## TASK BRIEF
Output the full listing below exactly, without the pictures.
───── INPUT RECORDS ─────
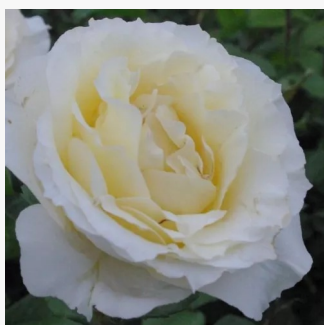

Rosa Iris Honey

bianca - Rose Ibridi di Tea
100-120 cm
rosa del profumo discreto - 0
-
─────
## OUTPUT FOR THIS TASK
Rosa Iris Honey

bianca - Rose Ibridi di Tea
100-120 cm
rosa del profumo discreto - 0
-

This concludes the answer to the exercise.